И тогда, при свечах, произошло еженощное соитие, деяние, описанию не поддающееся.
— Что значит развлекаться?
— Что?
— Это значит притворяться Шехерезадой.
— Лили, ты все время забываешь, какой я гордый. Мэтью Арнольд[9]. «Все лучшее из слов и мыслей». Ф.-Р. Ливис[10]. «Ощутил жизнь во всей ее созидательной мощи». К тому же она для меня слишком высокая. Не мой тип. Ты, Лили, мой тип.
— М-м. Ты не такой гордый, как раньше был. Ничего похожего.
— Нет, такой… Все дело в ее характере. Она милая, добрая, веселая, умная. И хорошая. Вот это действительно отталкивает.
— Знаю. Тошнит от такого. И потом, она выросла чуть ли не на фут. — Лили успела проснуться полностью и говорила с возмущением. — Причем почти все ушло в шею!
— Да, шея нехилая.
Лили уже много раз высказывалась по поводу Шехерезады и ее шеи. Она сравнивала подругу с лебедем, а иногда — в зависимости от настроения — со страусом (а один раз — с жирафом).
— В прошлом году она была… — сказала Лили. — Что вообще произошло с Шехерезадой?
Однажды утром Шехерезада проснулась, стряхнула беспокойные сновидения и обнаружила, что, лежа в постели, превратилась в… Конечно, в знаменитом рассказе Грегор Замза[11] (произн.!) преобразился в «страшное насекомое», или, по-другому, в «гигантского жука», или, по-другому — и это, по твердому мнению Кита, был лучший из переводов, — в «чудовищного таракана». В случае Шехерезады превращение было чудесным вознесением. Однако остановиться на соответствующем животном Кит не мог. Лань, дельфин, снежный леопард, крылатый конь, райская птица…
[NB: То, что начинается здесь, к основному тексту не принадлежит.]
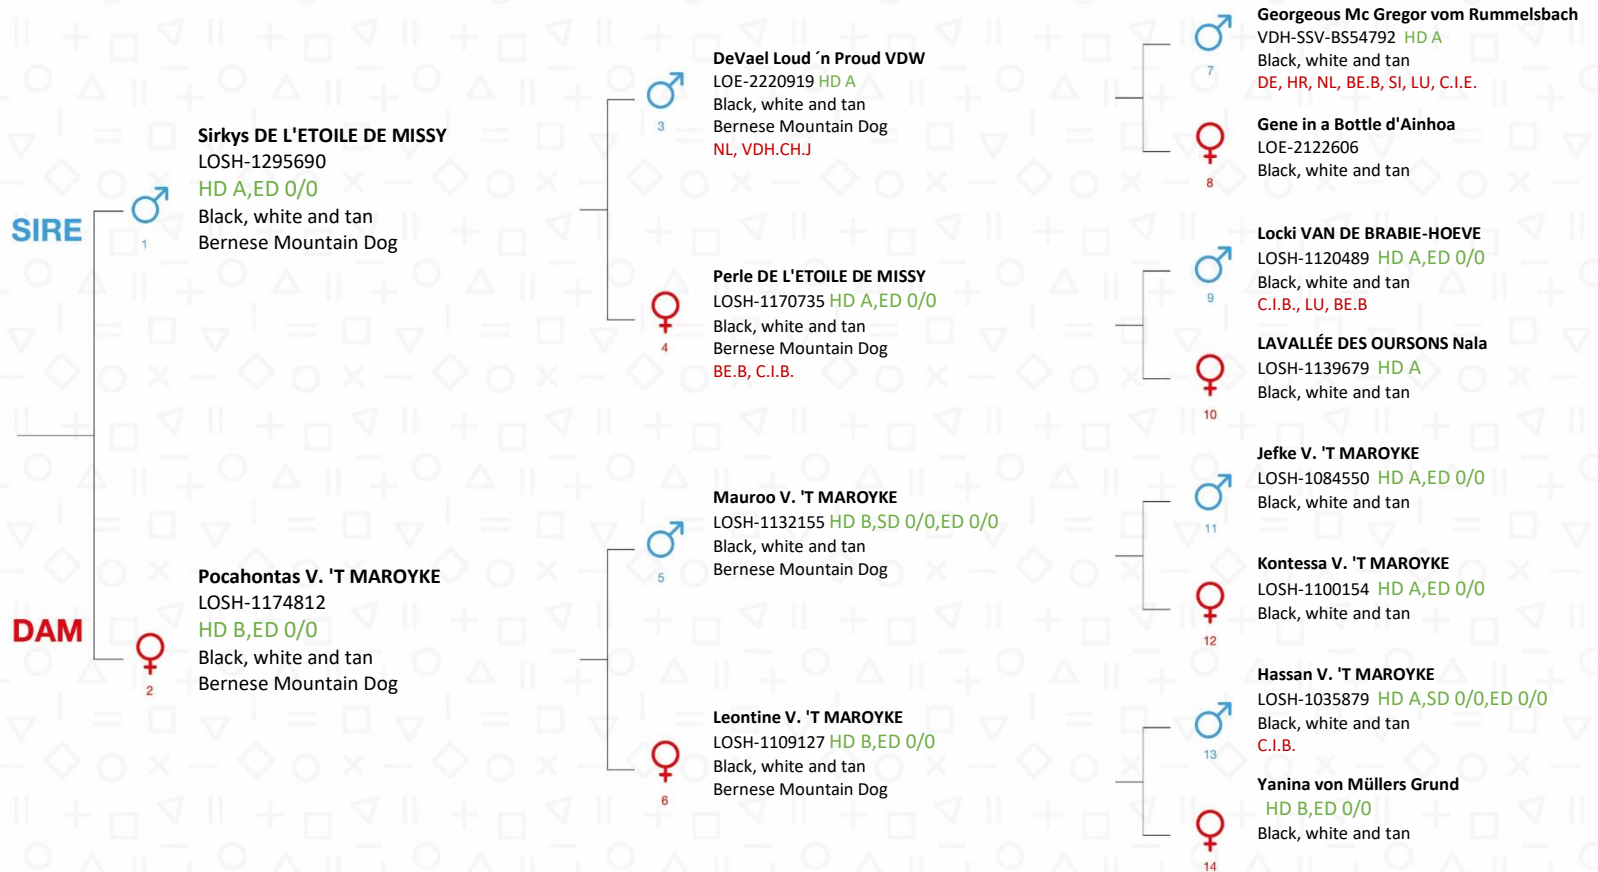

Uca DE L'ETOILE DE MISSY

LOSH : 01342958

Breed: Bernese Mountain Dog
 Microchip:
 Color: Black, white and tan
 Sex: Male
 Date of birth: 07/11/2021
 Breeder(s): Ghysels
 Johan, Stroobant Veronique

Owner(s)

Jonckeere Henk 71 Noordstraat, 8211
 AARTRIJKE, Belgium

Nature of tail at birth

FULL

Health test(s) of the dog

Certified as accurate on 09/02/2022

Mrs. Viviane Boesmans
 President of the "Belgian Royal Canine Society"

Но сначала — прошлое. Лили с Китом расстались, потому что Лили хотела вести себя как парень. В том-то и заключалась суть дела: девушки, ведущие себя как парни, — такое настроение начинало охватывать массы, и Лили хотелось попробовать. В общем, они впервые серьезно поругались (ссора, как ни смешно, произошла из-за религии), и Лили объявила «пробное расставание». Слова налетели на него, встряхнув, подобно волне сжатого воздуха; он знал, что такие пробы почти всегда оканчивались полным успехом. Два дня он, всерьез опечаленный, провел в своей ужасной комнате в ужасной квартире в Эрлс-корте; два дня он был в отчаянии, потом позвонил ей, и они встретились, и были пролиты слезы — по обе стороны столика в кафе. Она сказала, что ему надо вести себя как существо развитое.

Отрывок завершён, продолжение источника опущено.